=== Begin Enclosure ===
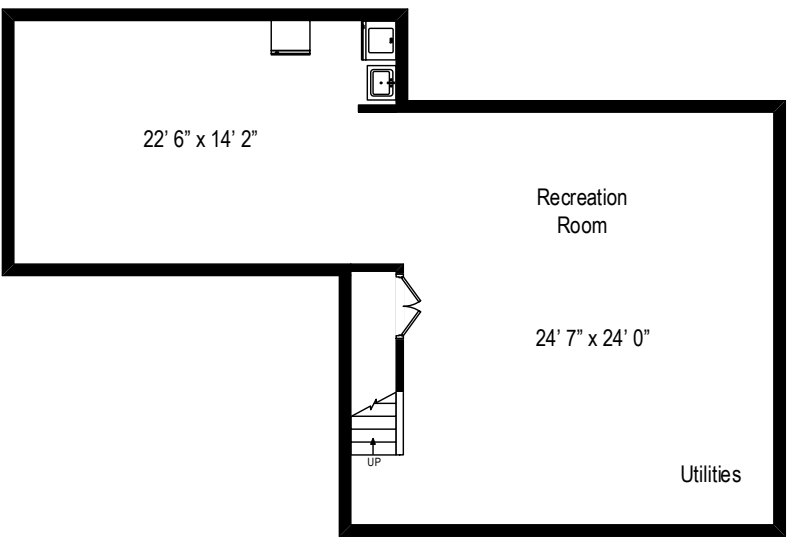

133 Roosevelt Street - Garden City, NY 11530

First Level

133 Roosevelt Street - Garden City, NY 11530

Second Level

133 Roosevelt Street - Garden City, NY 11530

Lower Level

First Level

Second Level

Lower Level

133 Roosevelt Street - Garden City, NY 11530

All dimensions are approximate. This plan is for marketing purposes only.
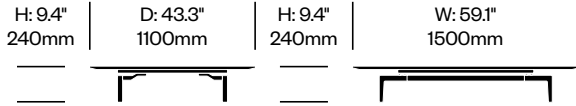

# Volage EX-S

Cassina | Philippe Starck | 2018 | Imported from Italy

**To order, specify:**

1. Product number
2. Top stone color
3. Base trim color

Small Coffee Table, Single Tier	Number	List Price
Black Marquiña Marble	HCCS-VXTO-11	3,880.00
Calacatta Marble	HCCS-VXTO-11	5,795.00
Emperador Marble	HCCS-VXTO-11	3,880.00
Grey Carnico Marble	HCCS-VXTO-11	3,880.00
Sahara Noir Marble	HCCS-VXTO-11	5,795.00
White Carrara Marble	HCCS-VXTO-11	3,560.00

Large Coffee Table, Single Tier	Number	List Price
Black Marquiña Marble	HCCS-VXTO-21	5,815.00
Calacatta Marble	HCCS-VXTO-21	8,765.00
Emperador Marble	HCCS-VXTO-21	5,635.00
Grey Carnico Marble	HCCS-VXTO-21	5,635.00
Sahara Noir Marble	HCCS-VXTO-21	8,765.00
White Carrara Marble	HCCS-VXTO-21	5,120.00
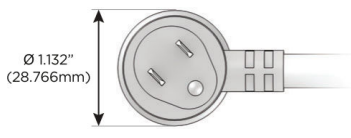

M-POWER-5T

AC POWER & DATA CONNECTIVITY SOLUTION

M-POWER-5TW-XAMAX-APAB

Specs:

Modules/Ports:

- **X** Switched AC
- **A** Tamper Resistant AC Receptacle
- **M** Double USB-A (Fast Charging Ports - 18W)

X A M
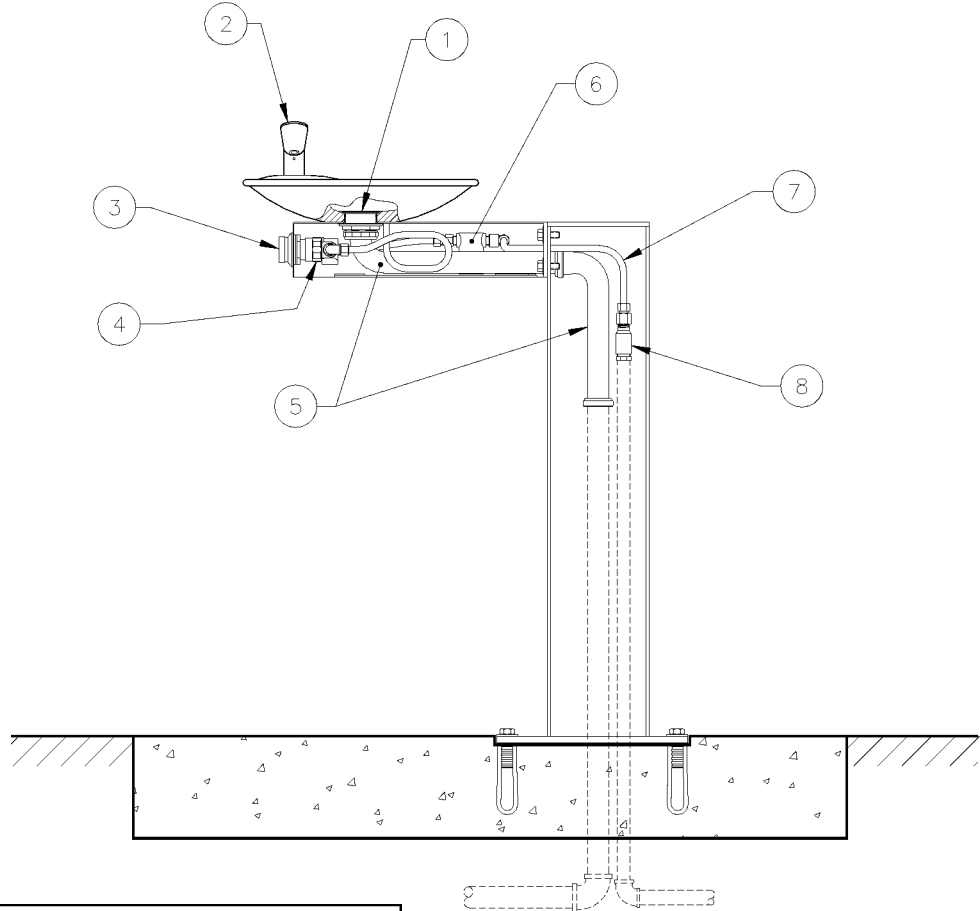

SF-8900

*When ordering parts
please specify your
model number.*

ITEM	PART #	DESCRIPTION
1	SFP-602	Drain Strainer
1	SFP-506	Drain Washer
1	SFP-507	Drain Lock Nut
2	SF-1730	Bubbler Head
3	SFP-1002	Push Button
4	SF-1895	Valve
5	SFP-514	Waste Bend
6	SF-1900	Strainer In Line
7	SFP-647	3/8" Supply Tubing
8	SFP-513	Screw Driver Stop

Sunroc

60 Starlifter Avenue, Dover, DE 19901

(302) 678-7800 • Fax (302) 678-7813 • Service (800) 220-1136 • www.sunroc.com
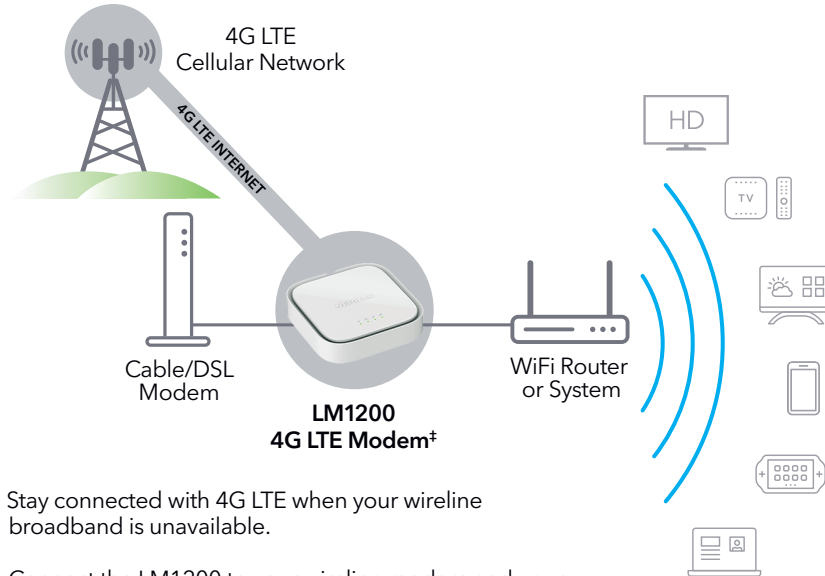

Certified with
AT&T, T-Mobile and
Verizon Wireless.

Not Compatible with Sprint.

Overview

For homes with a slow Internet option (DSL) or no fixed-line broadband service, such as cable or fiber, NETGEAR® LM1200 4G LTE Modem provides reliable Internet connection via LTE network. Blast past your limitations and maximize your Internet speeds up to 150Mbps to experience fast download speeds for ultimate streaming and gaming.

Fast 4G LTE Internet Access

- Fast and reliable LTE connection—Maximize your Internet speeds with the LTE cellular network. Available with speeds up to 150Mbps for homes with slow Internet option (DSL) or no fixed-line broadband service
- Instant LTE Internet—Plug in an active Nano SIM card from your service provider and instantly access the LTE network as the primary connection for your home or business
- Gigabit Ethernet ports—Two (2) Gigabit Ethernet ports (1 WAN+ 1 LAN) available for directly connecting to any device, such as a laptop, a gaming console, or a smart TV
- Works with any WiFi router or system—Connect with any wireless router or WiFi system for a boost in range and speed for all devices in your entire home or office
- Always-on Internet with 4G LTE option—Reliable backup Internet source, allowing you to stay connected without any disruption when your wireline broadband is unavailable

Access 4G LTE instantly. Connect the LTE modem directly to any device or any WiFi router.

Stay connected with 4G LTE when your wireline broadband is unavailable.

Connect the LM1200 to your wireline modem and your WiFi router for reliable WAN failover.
=== End Enclosure ===
Exactly and only the lines from the top of the records down to the line containing "All dimensions are" should be transcribed, please, without the pictures.

▶ Result of the task:
133 Roosevelt Street - Garden City, NY 11530

First Level

133 Roosevelt Street - Garden City, NY 11530

Second Level

133 Roosevelt Street - Garden City, NY 11530

Lower Level

First Level

Second Level

Lower Level

133 Roosevelt Street - Garden City, NY 11530

All dimensions are approximate. This plan is for marketing purposes only.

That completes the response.